The City and the City does feel like a major departure to me. It’s thematically different; the language is less baroque, more austere. The book was written as a present to my Mum, a great reader of crime novels, and so it’s faithful to the protocols of crime. The whole book is also based on political borders and looks at the logic of borders and their absurdity, and exaggerates them. Unseeing is a slight exaggeration of what we do all the time.
There was a key line for me about the hero going to a conference about policing split cities such as Jerusalem. It confirmed for me that the book was about our world, exaggerated. In some ways it felt like a satire.

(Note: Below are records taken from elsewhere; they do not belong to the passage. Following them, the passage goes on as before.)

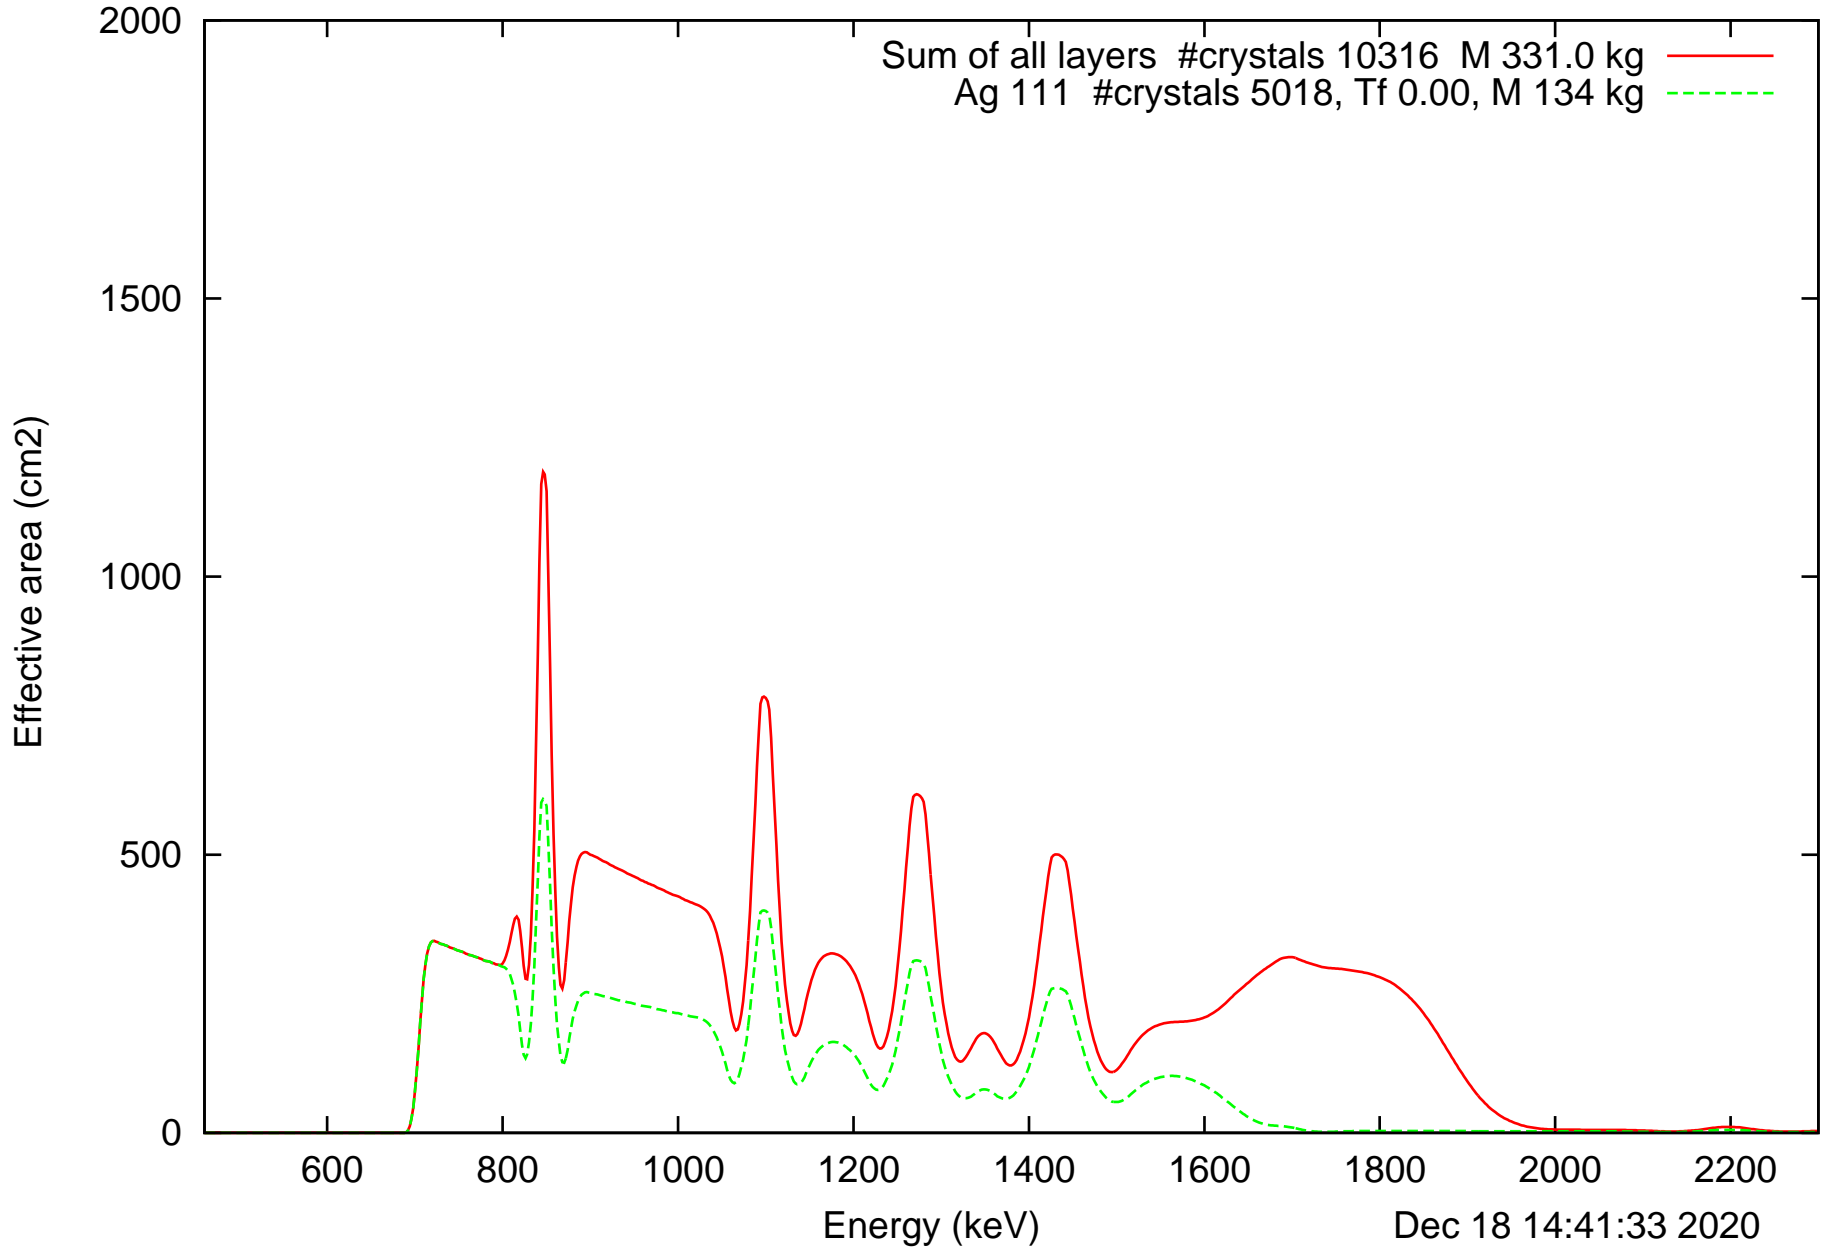

Laue lens diameter: 351 cm, Detect.diameter: 5.0 cm, mosaic: 0.5 arcmin

Laue lens diameter: 351 cm, Detect.diameter: 5.0 cm, mosaic: 0.5 arcmin

Laue lens diameter: 351 cm, Detect.diameter: 5.0 cm, mosaic: 0.5 arcmin

Laue lens diameter: 351 cm, Detect.diameter: 5.0 cm, mosaic: 0.5 arcmin

Dec 18 14:41:33 2020

Laue lens diameter: 351 cm, Detect.diameter: 5.0 cm, mosaic: 0.5 arcmin

Dec 18 14:41:33 2020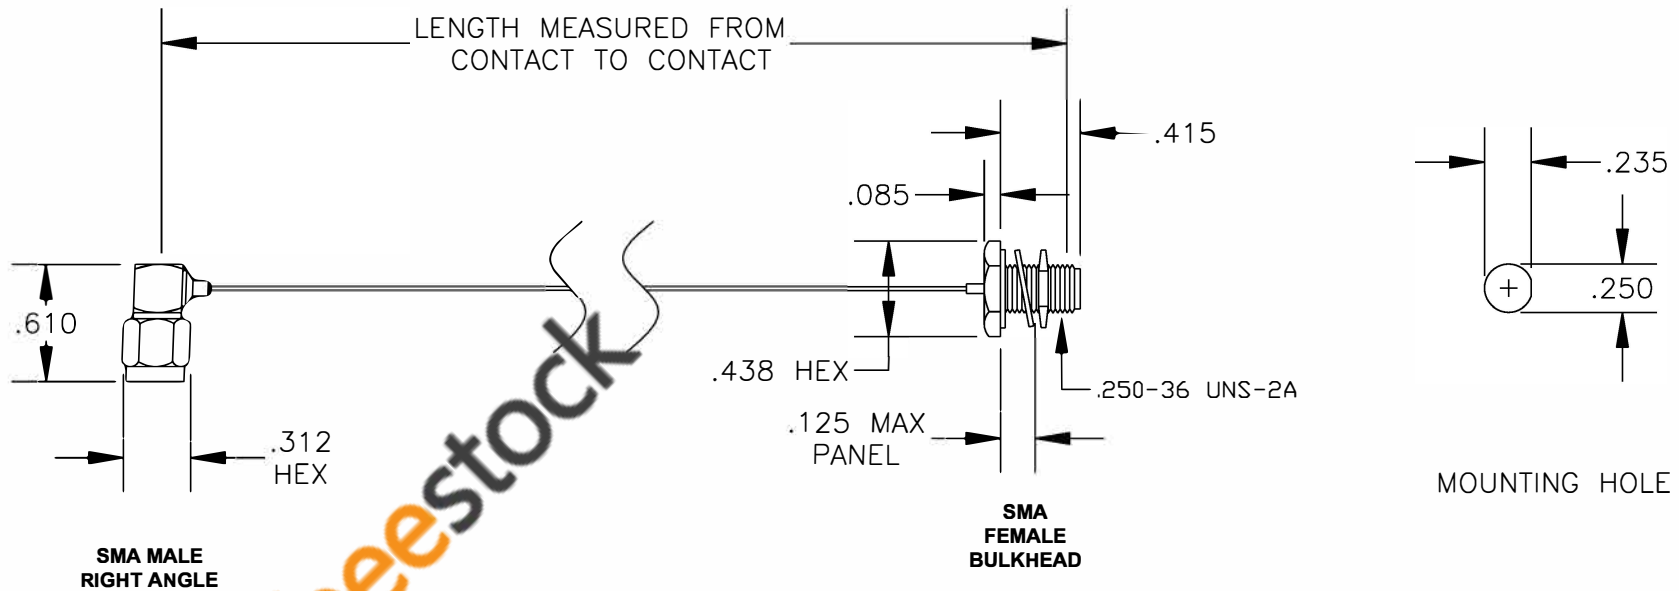

COMPONENTS	IMPEDANCE
SMA MALE RIGHT ANGLE	50 OHM
SMA FEMALE BULKHEAD	50 OHM

Standard Lengths	
-12	12"
-24	24"
-36	36"
-48	48"
-60	60"
-XXX	Custom Length in inches

8TH FLOOR, BUILDING 1, YONGFU SCIENCE AND TECHNOLOGY CENTER INDUSTRIAL PARK, NANZHA DISTRICT 5, HUMEN, 523900, DONGGUAN, GUANGDONG, CHINA
 WEBSITE: www.ebeestock.com
 EMAIL: sales@ebeestock.com

ET37238		DES. CABLE ASSEMBLY, PE-020SR, SMA MALE RIGHT ANGLE TO SMA FEMALE BULKHEAD (LEAD FREE)		
REV. A	FSCM NO. 53919	CAD FILE 013008	SCALE N/A	SIZE A 147

RoHS Compliance Certified

- NOTES:**
- UNLESS OTHERWISE SPECIFIED ALL DIMENSIONS ARE NOMINAL.
 - ALL SPECIFICATIONS ARE SUBJECT TO CHANGE WITHOUT NOTICE AT ANY TIME.
 - DIMENSIONS ARE IN INCHES.
 - LENGTH TOLERANCE IS $\pm 1.5\%$ OR $\pm 3/8"$, WHICHEVER IS GREATER.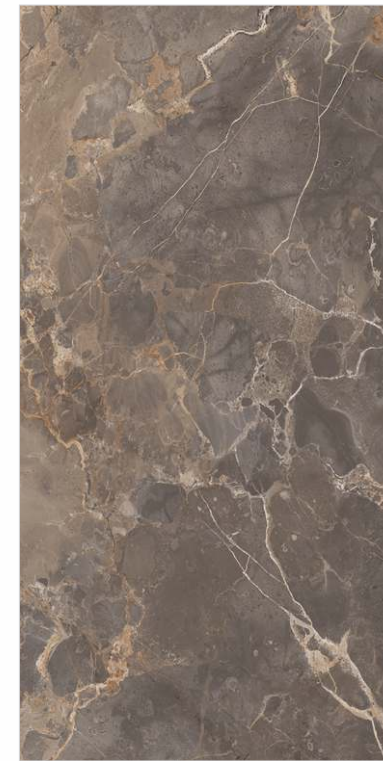

ROYAL ANTICA NERO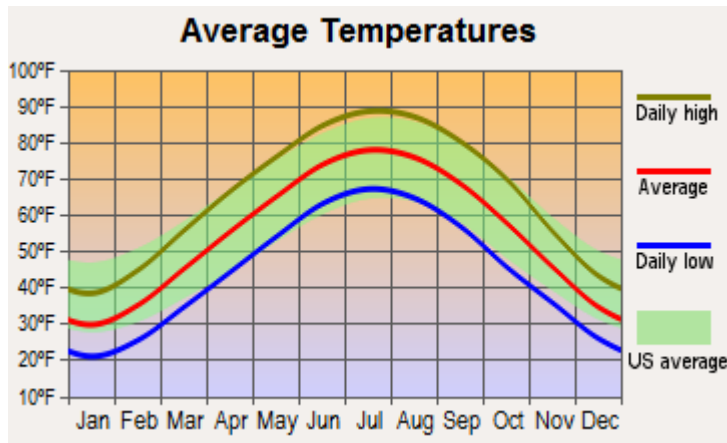

Average climate in Pinckneyville, Illinois

Based on data reported by over 4,000 weather stations

Tornado activity:

Pinckneyville-area historical tornado activity is slightly above Illinois state average. It is 158% greater than the overall U.S. average.

On 12/18/1957, a category 5 (max. wind speeds 261-318 mph) tornado 7.2 miles away from the Pinckneyville city center killed one person and injured 6 people and caused between \$50,000 and \$500,000 in damages.

On 12/18/1957, a category 4 (max. wind speeds 207-260 mph) tornado 21.6 miles away from the city center killed one person and injured 45 people and caused between \$500,000 and \$5,000,000 in damages.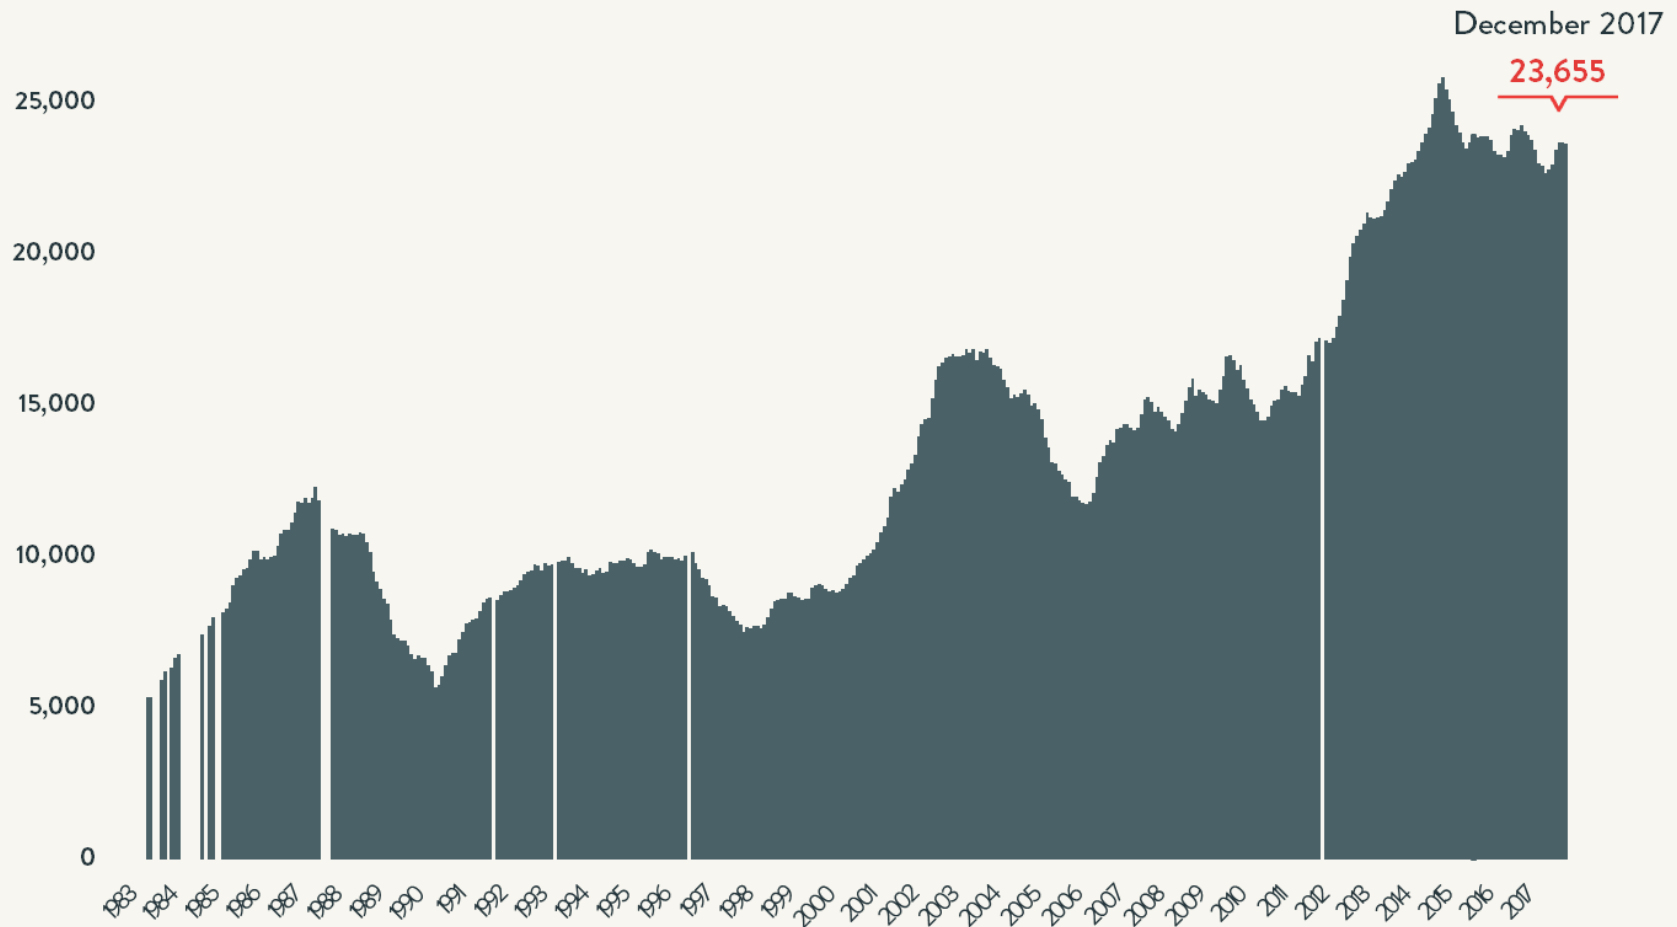

Number of Homeless Children Each Night in NYC Shelters 1983 - 2017

Source: NYC Department of Homeless Services and Human Resource Administration; LL37 Reports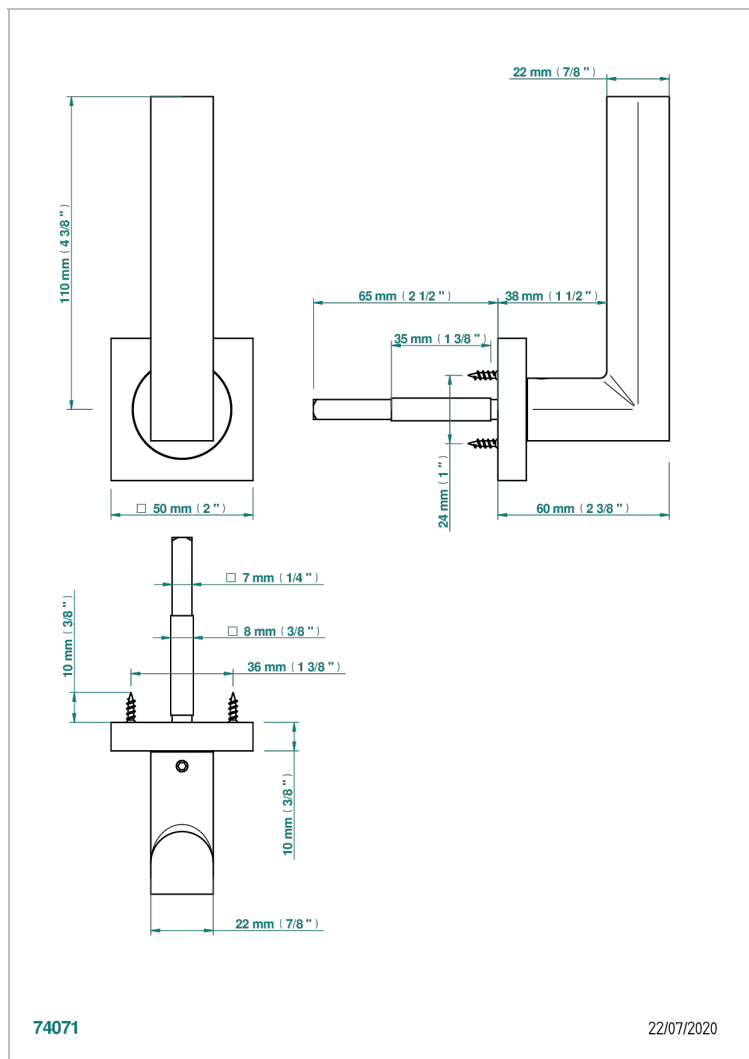

COLLECTION GENEVE

B8C-DHSM1/S

Door handle (one side) - Genève, metal

THG[®]
PARIS

CHARACTERISTIC

- Collection Genève
- Door handle (one side) - Genève, metal

AVAILABLE FINITIONS

Black ceram - D30
Blush PVD - H62
Brass color PVD - H49
Brown bronze color PVD - F33
Gold color PVD - H52
Graphite PVD - H64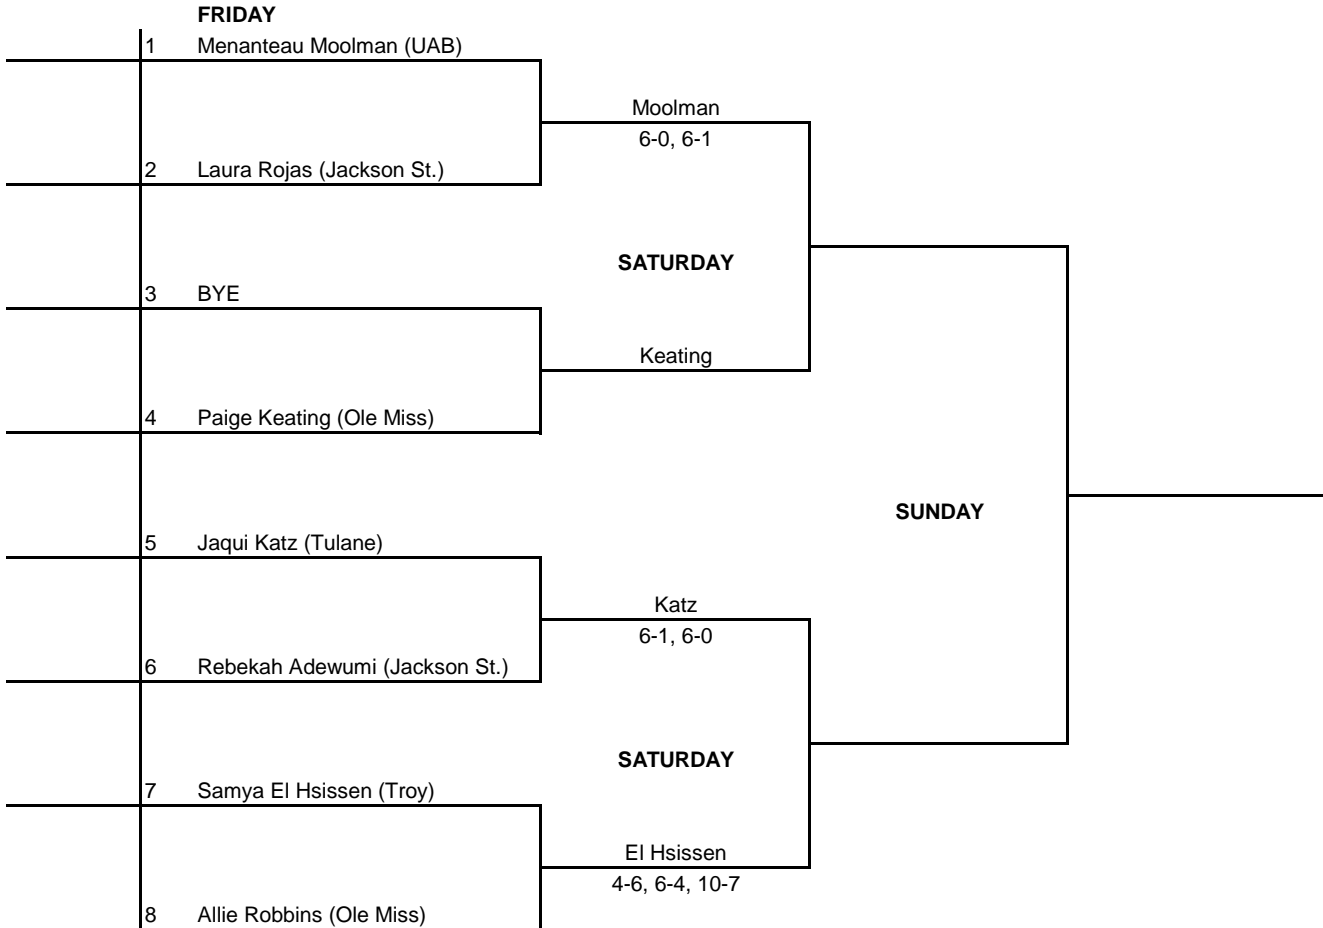

2012 USTA/ITA Southern Regional Championships

An Intercollegiate Tennis Association Sanctioned Event

Hosted by The University of Alabama (Oct. 19-22, 2012)

B Singles (Consolation Draw)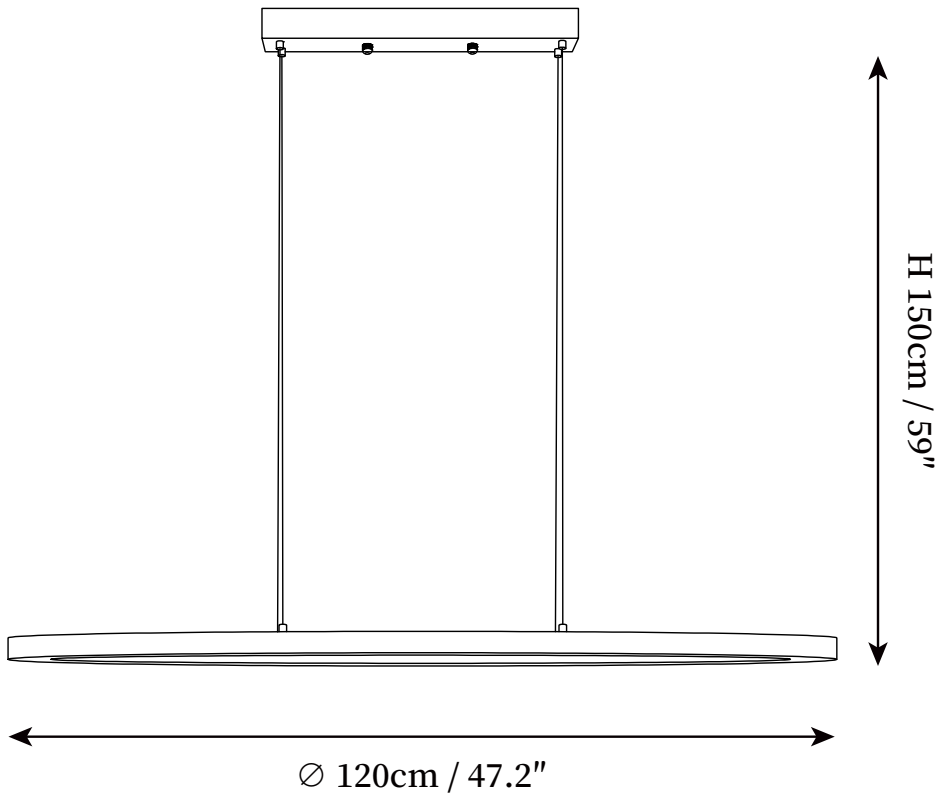

SPECIFICATION SHEET

SPECIFICATION DETAILS

*For custom options, consult factory for details

Fixture Dimensions	L 35.4" x W 5.9" x H 59", L 47.2" x W 5.9" x H 59"
Light source	Integrated LED
Wattage	~ 20W
Voltage	AC 110-240V
Dimming	Not supported
CRI(Ra)	90+ CRI
Mounting	Hardwired.
LED Rated Life	30000 hours
Color Temperature	Warm Light (3000K), Neutral Light (4000K), Cool Light (6000K)
Control method	Compatible with common wall switches(not included).
Finishes	Walnut wood.
Shadow Details	White.
Material	Metal, Wood, Acrylic.
Wire Length	The standard length of the cord is 59" (150 cm), the length is adjustable.

A caveat on that line about split cities. I acknowledge that there will be political or metaphoric readings of the book. But the character who speaks next says that those cities (in the quote) are nothing like ours (Beszel and Ul Qoma). I hope that the ramifications are occurring to readers, but I abjure narrowly reductive metaphorical readings. The two overlaid cities have to have a reality of their own or the novel becomes an allegory, which I don’t like. The fantastic in fiction walks a fine line between being reducible to a metaphor and having a belief in its own reality.
What also impressed me was how well it does work as a crime novel, a real murder mystery but set in a fictionalized city.
It’s a very straight crime novel; it obeys the rules of a police procedural with an almost camp fidelity. It’s in three sections, one in each of the two overlaid cities, and then a third. The first section is straight out of Inspector Lindley with the detective and his female sidekick. The second section is 48 Hours and is a buddy-cop story and the third section is a political conspiracy thriller. It’s still a straight crime novel which some crime readers have read and enjoyed as a crime novel.
There is a generic resentment against people who come in from outside and are clodhopping, bumping into the furniture. But if someone comes in and is respectful, people are delighted. I wanted to be someone who came into the crime genre, knew what had gone before and was respectful. I read a huge number of crime novels before writing this.